Re: [PATCH] Revert "scsi: mpt3sas: Fix secure erase premature termination"

From: James Bottomley
Date: Mon Jan 16 2017 - 09:24:23 EST


On Mon, 2017-01-16 at 10:22 +0100, Ingo Molnar wrote:
> * James Bottomley <James.Bottomley@xxxxxxxxxxxxxxxxxxxxx> wrote:
>
> > On Sun, 2017-01-15 at 10:19 +0100, Ingo Molnar wrote:
> > > So there's a new mpt3sas SCSI driver boot regression, introduced
> > > in
> > > this merge window, which made one of my servers unbootable.
> >
> > We're not reverting a fix that would cause regressions for others.
>
> You really need to reconsider that stance ...
>
> > However, The fix was manifestly wrong, so does this fix of the fix
> > work for you:
> >
> > http://marc.info/?l=linux-scsi&m=148329237807604
> >
> > It's been languishing a bit because no-one seemed to care enough to
> > test or review it. IOf you can add a tested by, that will give the
> > two
> > we need to push it.
>
> I have tested your other patch that you pointed to:
>
> http://marc.info/?l=linux-scsi&m=148449968522828
>
> Which patch fixes the bug too (I removed my revert first) - so you
> can add my:
>
> Reported-by: Ingo Molnar <mingo@xxxxxxxxxx>
> Tested-by: Ingo Molnar <mingo@xxxxxxxxxx>

Thanks ... just checking you tested the second version with the
concurrency part?

> BTW., is it wise to work around the out of spec firmware in the
> mpt3sas code and leave the overly optimistic assumptions in the SCSI
> code intact? The problem is that other SCSI hardware could be
> affected as well - and especially enterprise class server hardware
> has long testing and thus regression latencies (as my example
> proves).

Realistically, there is no other card. Every other SAS implementation
uses the in-kernel SAT, which does the right thing. We've suggested on
a few occasions that the mpt SAS might like to use it as well, given we
keep tripping on SAT problems in their firmware.
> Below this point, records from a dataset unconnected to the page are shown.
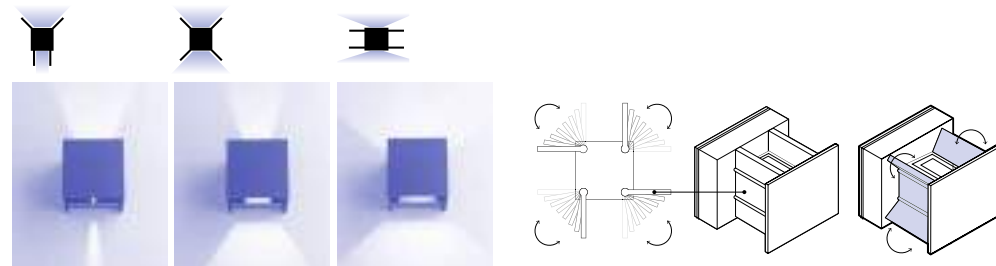

colour temp.	colour
LED-W-ALFA-20C BRO 8031414883493		
lumen	1360 lm	
LED-W-ALFA-20M BRO 8031414883509		
lumen	1500 lm	

watt $20W$
beam angle $\downarrow 10^\circ/120^\circ + 10^\circ/120^\circ \uparrow$

Luce biemissione con paratie regolabili indipendenti /
Bi-emission light with independent adjustable wings

> Wouldn't it be more robust to only submit one pass-through command at
> a time from the SCSI layer, and maybe opt-in hardware that is known
> to implement the SAT standard fully?

Unfortunately it's a lot more complex: the standard gives a queueing
mechanism for SAT pass through, so mostly you *can* have multiple
commands outstanding, so it looks like we shouldn't globally restrict
that. However, it seems the mpt3 firmware is using a queue single
command model *and* not doing the right thing with return codes hence
the failure. Since the failure mode is mpt3 specific, I think the best
place for the fix is in their code. We can revisit this decision if
something else comes along that also has this problem (UAS springs to
mind).

James


> (But I'm just kibitzing here really.)